* [Problem details]:
Look through the entries. Copy each line that has the word "SPEED".

* [Material for this task]:
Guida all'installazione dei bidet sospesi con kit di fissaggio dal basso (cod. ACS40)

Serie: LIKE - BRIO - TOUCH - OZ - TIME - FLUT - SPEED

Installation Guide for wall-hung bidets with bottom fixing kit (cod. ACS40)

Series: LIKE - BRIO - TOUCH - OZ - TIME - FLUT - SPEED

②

---

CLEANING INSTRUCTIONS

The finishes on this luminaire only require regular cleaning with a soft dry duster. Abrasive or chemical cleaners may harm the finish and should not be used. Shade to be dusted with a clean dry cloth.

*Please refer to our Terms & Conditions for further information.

* [Answer]:
Serie: LIKE - BRIO - TOUCH - OZ - TIME - FLUT - SPEED
Series: LIKE - BRIO - TOUCH - OZ - TIME - FLUT - SPEED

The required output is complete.